# hello fro Alaska 2014



## NonTypicalCPA

Good to hear from you again! I would love, love, love to see a wolf if you get one!


----------



## mwp

Great to have you back again posting Brad,my son and I enjoy reading your posts and looking at your pics.


----------



## miruss

Has anyone heard from chessielover in private it's going on almost 2 months with out our ALASKA FIX !!!!!!! I sure hope all is OK with him love to read and look at the pictures he posts!!!


----------



## trapper ed

My kids and I were just talking about this last weekend sure hope all is ok.


----------



## 2PawsRiver

Anybody have any contact with him..........hope all is well.........maybe problems with the new computer.


----------



## Robert Holmes

Love the pics and stories. If I win that 460 milllion jackpot in the lottery tonight I am moving so expect a neighbor.:lol::lol:


----------



## goodworkstractors

Computer must've finally quit on him?


----------



## David G Duncan

I talked to Brad today and yes his computer did quite on him. He is working on getting a replacement and expects to be back on line shortly.

Best Regards,

Dave


----------



## 2PawsRiver

Thank you for the update.....while I miss his posts and look forward to him being back on line......I am much happier just to hear he is OK......thanks again.


----------



## mwp

Well that's some good news that he's fine.was beginning to think the worst but all is well.my son and I will look forward to his posts


----------



## scale

I love getting away by reading Brad's threads also... What if MS Sportsman hooked him up with a new computer? Maybe a gofundme type of thing? I certainly would kick in a few bucks for him.


----------



## dankoustas

scale said:


> I love getting away by reading Brad's threads also... What if MS Sportsman hooked him up with a new computer? Maybe a gofundme type of thing? I certainly would kick in a few bucks for him.

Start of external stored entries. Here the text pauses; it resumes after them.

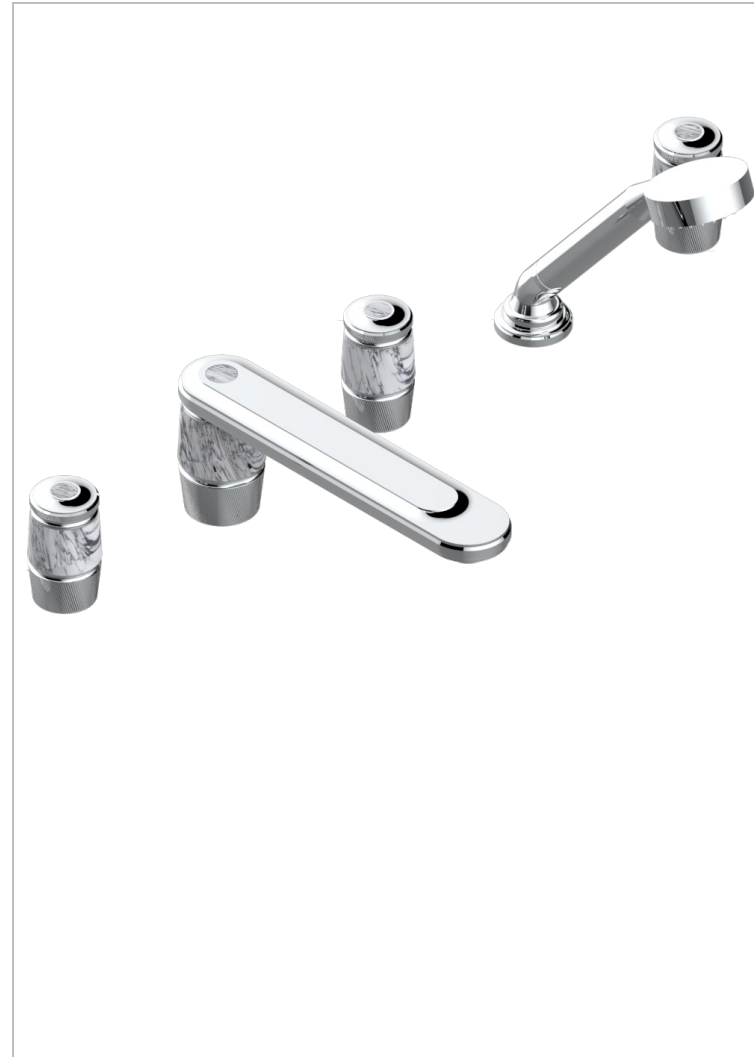

CORVAIR HOWLITE

U8F-1132SGUS

THG[®]
PARIS

Bain douche 5 trous avec bec super goliath, 2 côtés sur gorge 3/4", et douchette sur gorge alimentée par mitigeur à cartouche progressive, standard américain

CARACTÉRISTIQUES

- Corvaire Howlite
- Bain douche 5 trous avec bec super goliath, 2 côtés sur gorge 3/4", et douchette sur gorge alimentée par mitigeur à cartouche progressive, standard américain

SPÉCIFICATIONS TECHNIQUES

- Recommandé : 3 bars (max. 5 bars) - Advised : 43,5 psi (max. 72 psi)
- Bec : 35 l/min à 3 bars - Douchette : 9,5 l/min à 3 bars
- Spout : 9.26 gpm at 43.5 psi - Handshower : 2.5 gpm at 43.5 psi

FINITIONS DISPONIBLES

Bronze clair - D01
Chromé - A02
Chromé mat - C02
Doré brillant - F01
Doré mat - F07
Nickel brillant - B01

Nickel mat - C01
Noir mat céramique - D30
Or pâle - F30
Or pâle mat - F31
Pvd blush - H62
Pvd blush mat - H60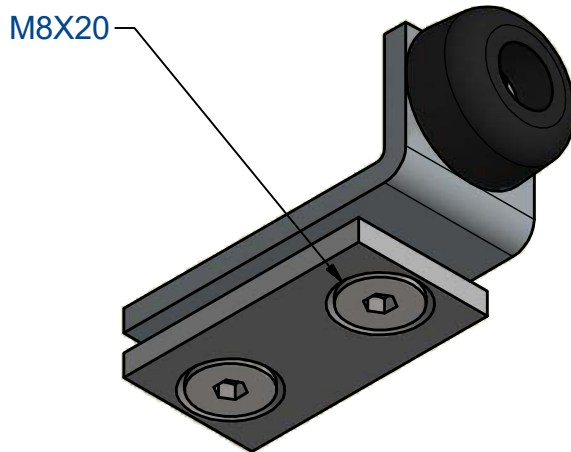

Butée en caoutchouc
Stop rubber

Butée de rail
Matière: Acier

Track stop
Material: Steel

7,rue Gay Lussac
25000 BESANCON

Référence **9149-1**
Item Nr:

Rail associé **10400 / 9040**
Combined track: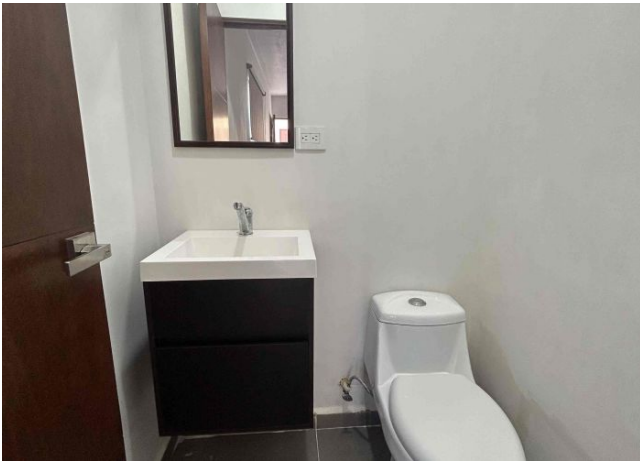

Asesor inmobiliario

Camila Mujica

camila@grupotosc.com

9993863040

Aviso de privacidad: <https://www.grupotosc.com/privacidad>

<https://grupotosc.com/propiedad/departamento-amueblado-en-conkal-cerca-de-la-carretera-merida-motul>

www.grupotosc.com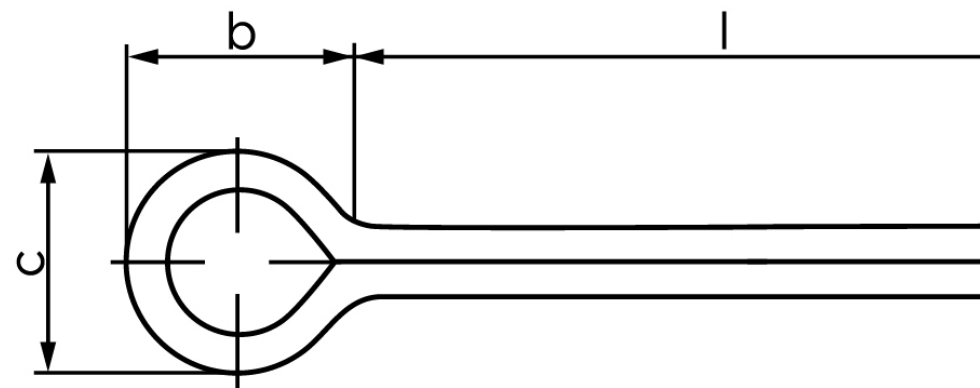

Split ISO 1234 Elforzinket Stål Ø8x40 (100 S

SKU: 012340100080040

GTIN:

Norm	ISO 1234
Dimensions	8
a_{min.}	2
b	16
c_{max.}	15
Pinhul Ø	8
Skrue Ø	39 - 56
Clevis pin Ø	29 - 44
Mere info om ISO 1234	ISO 1234

Bemærk disse data er vejledende, og informationerne skal anses som vejledende, Bolte.dk stiller ingen garanti eller kan stilles til ansvar for overstående datatabel. Er du i tvivl så kontakt os på 75154999.

Vil du vide mere om dette produkt

Forespørg pris her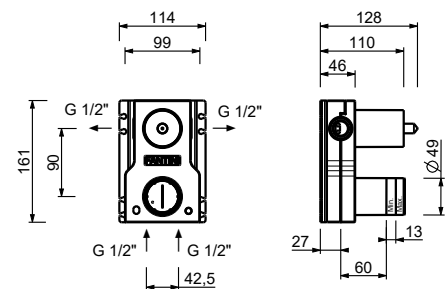

A785A

Piece Partie à encastrer

44 00 A785A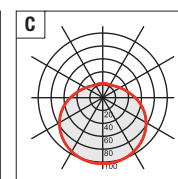

Astra metal 320

Articolo Item	Codice Code			W_{max}		LUMEN			
	AL	NE	CR						
astra 320 IP	23089	23087	23080	1x100	E27	1380	IP65		A
astra 320 MG IP	29359	29357	29350	1x26	G24d-3	1800	IP65		B
astra 320 EL IP	28449	28447	28440	1x26	G24q-3	1800	IP65		B
astra 320 DIG IP	28029	28027	28020	1x26	G24q-3	1800	IP65		B
astra 320 DALI IP	28039	28037	28030	1x26	G24q-3	1800	IP65		B
astra 320 EM IP	10729	10727	10720	1x18	G24q-2	1200	IP65		B

Astra metal 370

astra 370 IP	23099	23097	23090	2x60	E27	1460	IP65		C
astra 370 MG IP	29369	29367	29360	2x26	G24d-3	3600	IP65		B
astra 370 EL IP	28459	28457	28450	2x18	G24q-2	2400	IP65		B
astra 370 DIG IP	28069	28067	28060	2x18	G24q-2	2400	IP65		B
astra 370 DALI IP	28079	28077	28070	2x18	G24q-2	2400	IP65		B
astra 370 EM IP	10739	10737	10730	1x26	G24q-3	1800	IP65		B

Nuova versione New version

RAL 9006 Alluminio Aluminium	RAL 9005 Nero opaco Matt black	Cromato Chrome

Informazioni tecniche pag. 462
Technical instructions page 462

1 lampada in emergenza permanente (SA) 1h di serie – 3h a richiesta
1 bulb in maintained light emergency 1h standard – 3h on request

Count me in for $20 for sure. His thread is one of the best ones each year.
Dan


----------



## 2PawsRiver

count me in as well


----------



## alaska86

I'm in for $20 also


----------



## trapper ed

I would do $20


----------



## David G Duncan

I just put a call into Brad to see how he is doing. Had to leave a message, but will give an update once I make a connection.

Great idea and I am pretty sure Brad would appreciate the jester.

Cheers,

Dave


----------



## miruss

Any updates???? Hope all is good up in the GREAT OUTDOORS up there!!


----------



## David G Duncan

Just talked to Brad and his current finances are not in shape for him to replace the laptop which failed last trapping season. I seem to recall one of our forum members making a suggestion we all go together and get him a computer. If there is support for this idea then it would be great if we could make it happen.

Send me a PM if you have any experience putting something like this together.

Best Regards,

Dave


----------



## hawgeye

Im in for $10


----------



## alaska86

David G Duncan said:


> Just talked to Brad and his current finances are not in shape for him to replace the laptop which failed last trapping season. I seem to recall one of our forum members making a suggestion we all go together and get him a computer. If there is support for this idea then it would be great if we could make it happen.
> 
> Send me a PM if you have any experience putting something like this together.
> 
> Best Regards,
> 
> Dave


Dave , have you figured anything out yet ? Maybe someone with knowledge of what would be best for Brad could reply and we send him the money ? Thanks, Rick


----------